- Location: LeFlore County, Oklahoma
- Coordinates: 34°46′52″N 94°41′49″W﻿ / ﻿34.781°N 94.697°W
- Type: Reservoir
- River sources: Big Cedar Creek
- Primary outflows: Big Cedar Creek
- Basin countries: United States
- Managing agency: U. S. Forestry Service, part of the U. S. Department of Agriculture (USDA)
- Built: 1937
- Surface area: 86 acres (35 ha)
- Water volume: 1,370 acre⋅ft (1,690,000 m^{3})
- Surface elevation: 900 ft (270 m)
- Settlements: Mena, Arkansas; Heavener, Poteau, and Talihina, Oklahoma

= Cedar Lake (LeFlore County, Oklahoma) =

Cedar Lake is in Le Flore County, Oklahoma inside the Ouachita National Forest. Considered a part of Indian Nations National Scenic and Wildlife Area, it is about 12 miles south of Heavener, Oklahoma, and 40 miles west of Mena, Arkansas.

It is a different body of water from the privately owned Cedar Lake in Canadian County, Oklahoma.

==Description==
The lake surface covers 86 acres. The storage capacity is 1000 acre-feet. Its earthen dam is 52 feet high and 1000 feet long. The maximum storage is 1370 acre-feet. The elevation is 900 feet

Now owned by the U. S. Forest Service, the lake was constructed on Big Cedar Creek in 1937 by the Civilian Conservation Corps for erosion-control purposes. It is primarily used for recreation, and features fishing, boating, picnicking, hiking and camping activities. The lake is open year-round.

==Fishing==
The lake is regularly stocked with largemouth bass, catfish and bluegill. According to an Oklahoma Department of Wildlife Conservation (ODWC) official, it is known for its big bass potential.

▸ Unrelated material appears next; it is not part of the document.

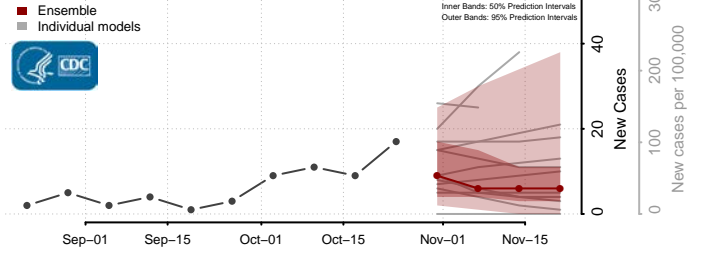

Humboldt County, Nevada

Dale Miller set a state record when he caught a 14 pound 13.7 ounce largemouth bass, having a length of 26 inches and a girth of 23 inches. ODWC confirmed the record measurement, then released the fish back to the lake. The previous record was held by Benny Williams, Jr., who caught a 14 pound 12 ounce bass from the same lake on March 23, 2012.